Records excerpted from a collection
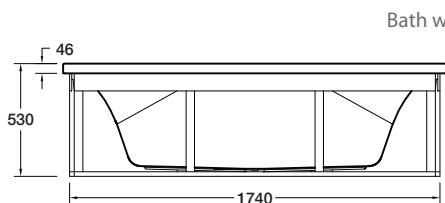

Studio II™ Rectangular Bath (2 Person)

The Studio rectangular bath is extra deep, with dual contoured lumbar support and contoured arm rests. The central waste location allows two to bathe in comfort.

Note: Waste as illustrated not included.

- Colour/Finish** White
- Material** Duracryl® Acrylic
- Upstand** 12.5mm upstand for watertightness
- Optional Accessories** Flat Pack Timber Frame
Studio Pillow (Charcoal)

Size	External Dimensions (mm)			Internal Dimensions (mm)			Volume (L)
	Length	Width	Depth	Max Bathing Depth	Seating Base Width	Base Length	Full Capacity
1800 x 760mm	1796	760	525	510	450	1200	400

Product	1670 x 760mm
Bath	1062A-0
Flat Pack Timber Frame	1141305
Studio Pillow (Charcoal)	1092A-58

All measurements shown are in millimetres. Sizes are approximate.

- **ACTIVITY**
Could you write out all the records exactly, without the pictures?

- **FINAL ANSWER**
Studio II™ Rectangular Bath (2 Person)

The Studio rectangular bath is extra deep, with dual contoured lumbar support and contoured arm rests. The central waste location allows two to bathe in comfort.

Note: Waste as illustrated not included.

- Colour/Finish** White
- Material** Duracryl® Acrylic
- Upstand** 12.5mm upstand for watertightness
- Optional Accessories** Flat Pack Timber Frame
Studio Pillow (Charcoal)

Size	External Dimensions (mm)			Internal Dimensions (mm)			Volume (L)
	Length	Width	Depth	Max Bathing Depth	Seating Base Width	Base Length	Full Capacity
1800 x 760mm	1796	760	525	510	450	1200	400

Product	1670 x 760mm
Bath	1062A-0
Flat Pack Timber Frame	1141305
Studio Pillow (Charcoal)	1092A-58

All measurements shown are in millimetres. Sizes are approximate.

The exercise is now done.